Editor's Note: This interview records the complete journey of CZ (Changpeng Zhao), the most influential and controversial figure in the global cryptocurrency industry, from peak to prison to rebirth.

It breaks the myth of a hundred billion giant portrayed by outsiders and reveals an extremely real and minimalist ordinary person: he flipped patties at McDonald's, wrote low-level code at Bloomberg, and even after gaining financial freedom, he still prefers to book economy class. Beyond the rise of Binance, the most shocking aspect is his first detailed disclosure of the details of his game with government authorities.
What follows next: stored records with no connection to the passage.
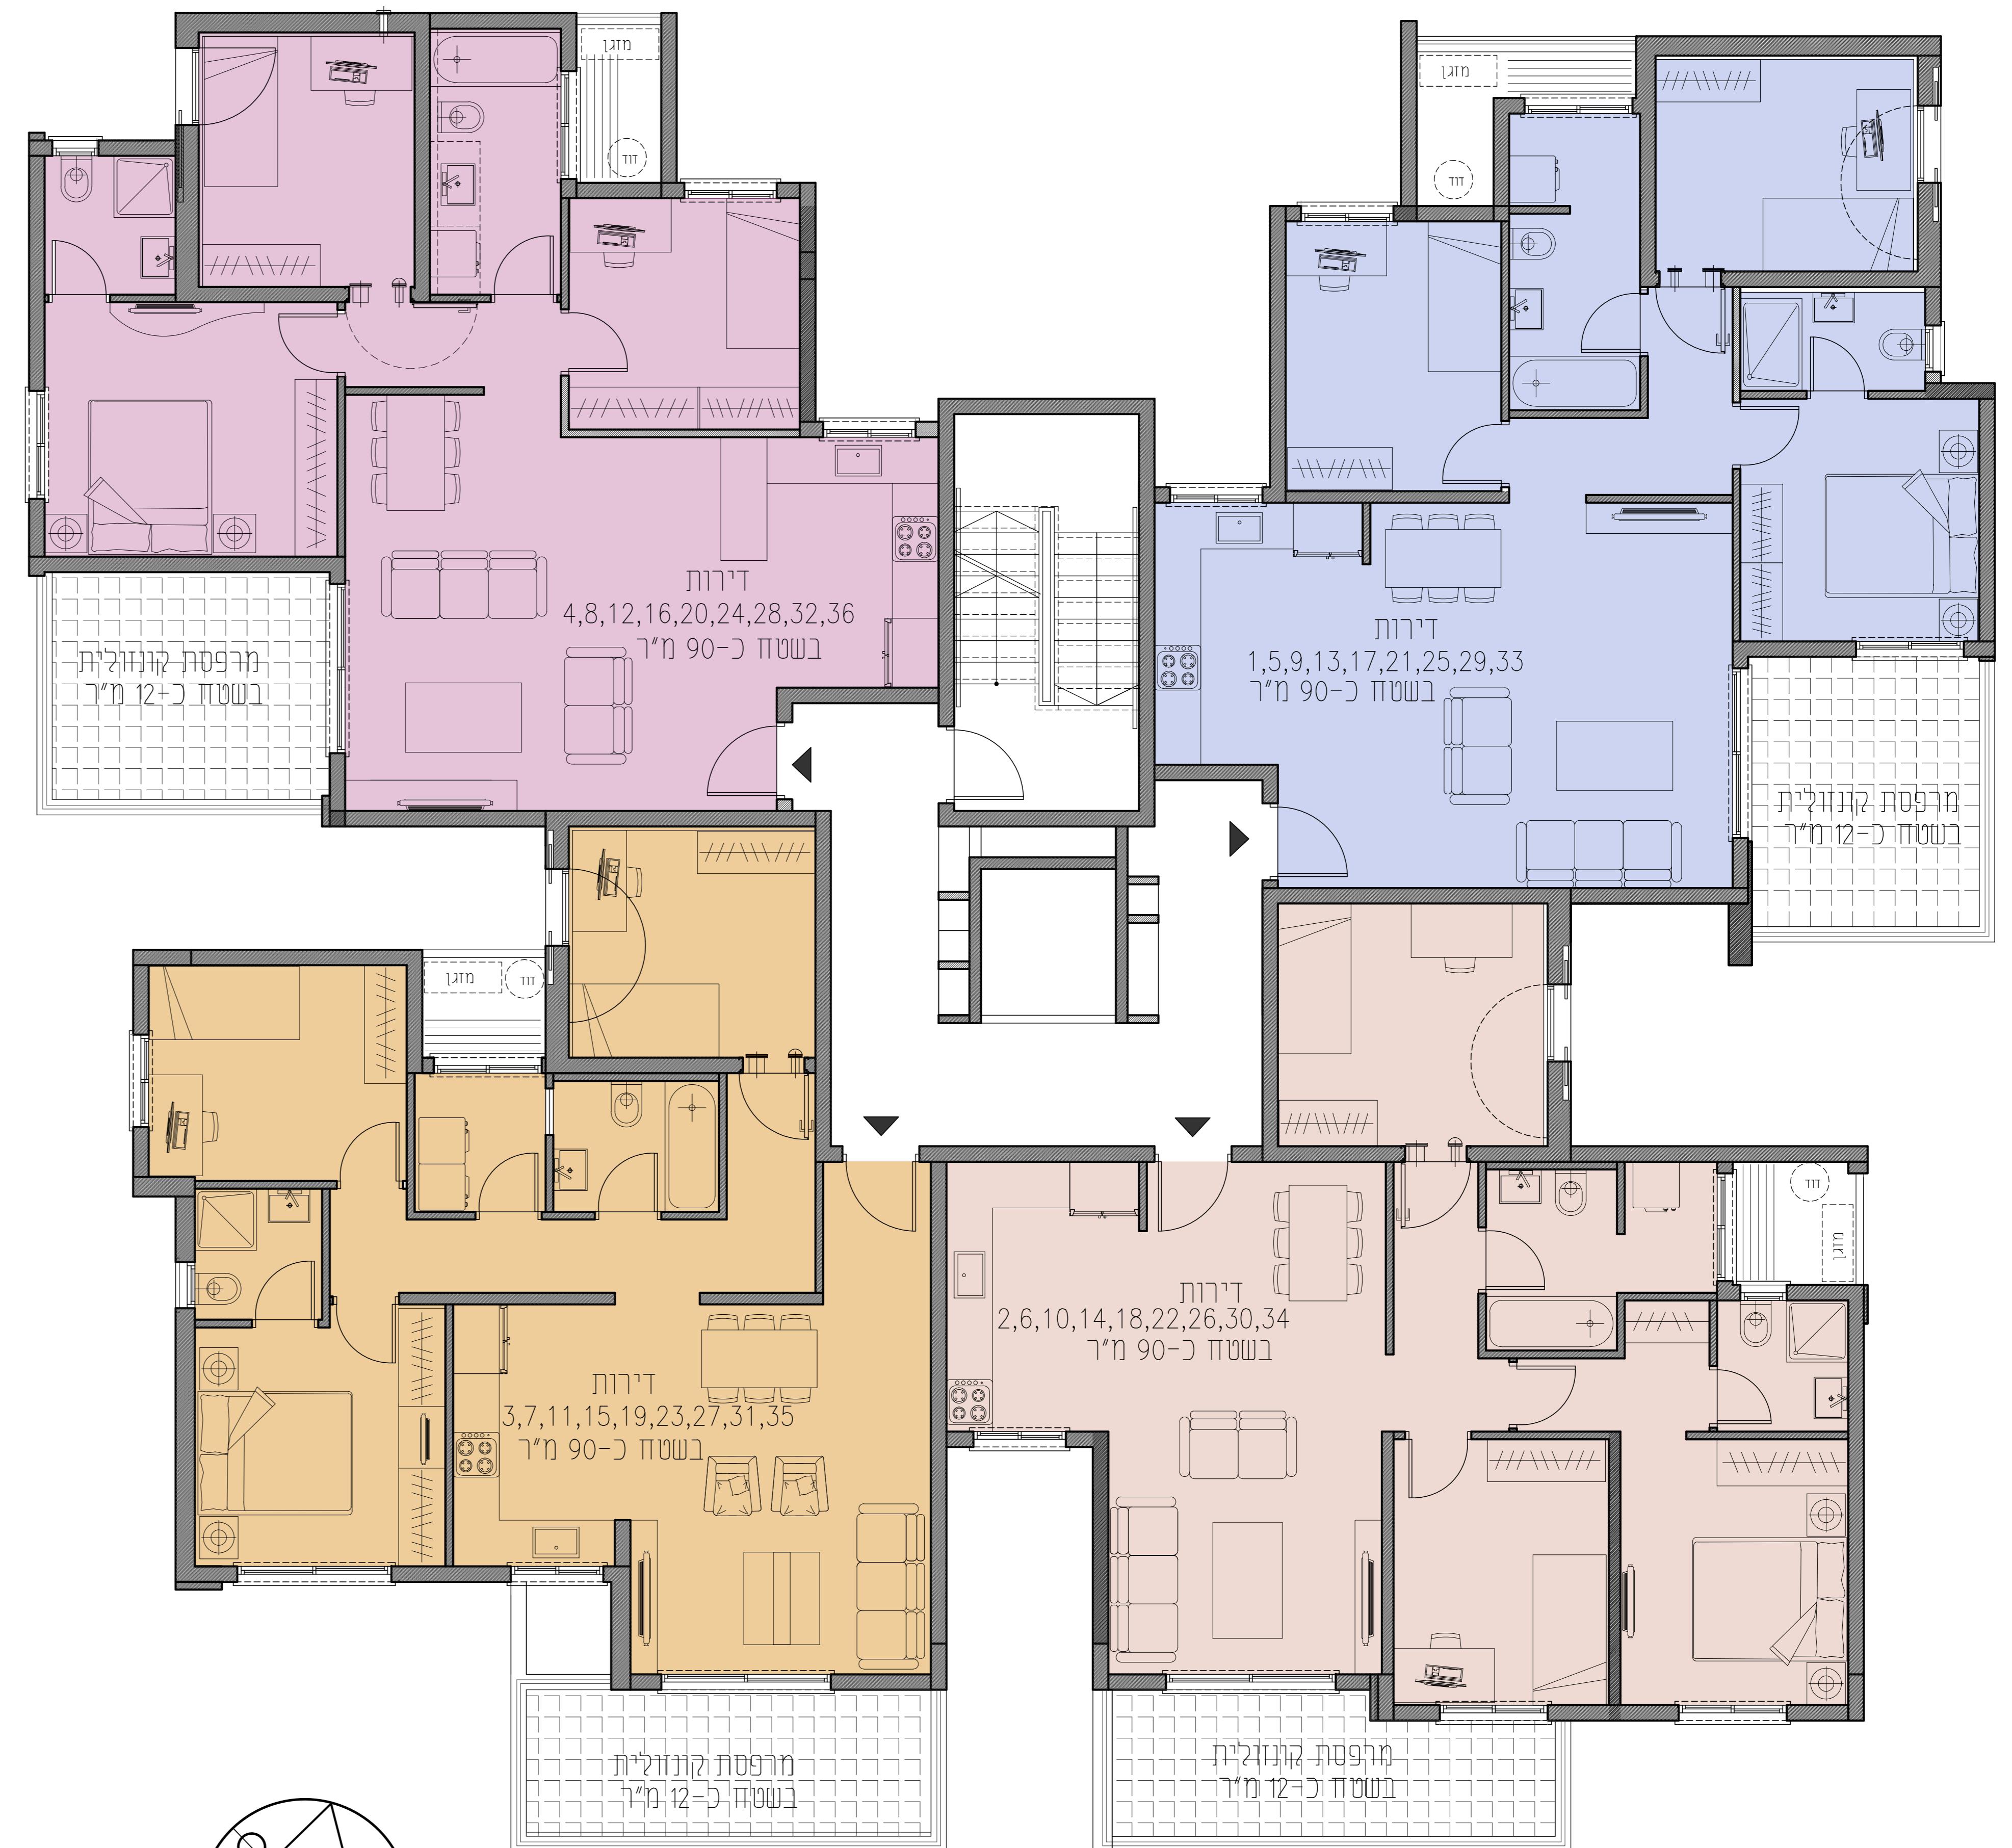

קומה +9	אברון גילעד דירה 36	מירן פז דירה 35	מירן פז דירה 34	ישנסקי דירה 33
קומה +8	צידון דקל דירה 32	שקד דירה 31	אלחנטי אופיר דירה 30	ריימונד דירה 29
קומה +7	דירה 28 דירה קבלן	דירה 27 דירה קבלן	דירה 26 דירה קבלן	דירה 25 דירה קבלן
קומה +6	דירה 24 פלג	דירה 23 משיח אוליאל	דירה 22 טרקטמן אדם	דירה 21 שמעוני ניר
קומה +5	דירה 20 דירה קבלן	דירה 19 דירה קבלן	דירה 18 דירה קבלן	דירה 17 דירה קבלן
קומה +4	דירה 16 חזאן סמר	דירה 15 ברוכין	דירה 14 גולדין	דירה 13 אבן טוב אריק
קומה +3	דירה 12 דירה קבלן	דירה 11 דירה קבלן	דירה 10 דירה קבלן	דירה 9 דירה קבלן
קומה +2	רוזן דירה 8	עמרם סילבי דירה 7	פסטרנק דירה 6	בר דיין דירה 5
קומה +1	רון אופיר דירה 4	כהן הילה ואיתמר דירה 3	סעדייה סאמי דירה 2	שפיר דירה 1
קומה 0 (בניסה)				
קומה -1				

חתך עקרוני בנין B

תכנית קומה טיפוסית

קדרון לשניאק קלוס
אדריכלים בע"מ

חטיבת כרמלי 56 בנין B

קבוצת רכישה
נווה גנים

Faced with weeks of psychological warfare, media portrayals of extortion risks, and complex racial gang rules in Seattle's prison, he maintained absolute emotional stability.

CZ candidly recalled the origins of his entanglement with SBF, as well as the painful crying when he was forced to leave Binance's management team. Now, he has turned to a global educational cause that does not involve tokens and is purely altruistic. This is not only a chronicle of the crypto industry but also a profound reflection on the boundaries of power, money, and freedom.

Highlights

· From China to Canada

· CZ's Early Career Experience: Surprisingly "Ordinary"

· Founding the First Company in Shanghai

· Discovering Bitcoin

· Full Investment in the Crypto Industry

· Establishing Binance

· The FTX Incident: Relationship with SBF and Its Collapse

· Facing the Biden Administration's "Anti-Crypto" Justice Department

· Life Inside Federal Prison

· Life After Leaving Binance and New Ventures

Below is the complete podcast dialogue:

From China to Canada

Chamath: CZ, welcome to the All-In podcast. I want to pull the timeline back to the beginning because I feel many people don't know much about your background, at least not as much as they should. Your early experience in Canada is very similar to mine, and I particularly care about this part. You worked at McDonald's, while I worked at Burger King.

CZ: My father went to Canada to study in 1984.

Chamath: How did that opportunity come about at the time? Did your father stay in Canada after that?

CZ: He would come back to see us once or twice a year, but most of the time he was in Canada.

Chamath: Was he a teacher in China?

CZ: He was a teacher and a professor. He initially went to the University of Toronto for an exchange program, and then a few years later he went to the University of British Columbia in Vancouver. Later, we also started applying to go there, which was quite difficult at that time; it took three to four years to get a passport. We started applying around 1985 and received our passports about two to three years later.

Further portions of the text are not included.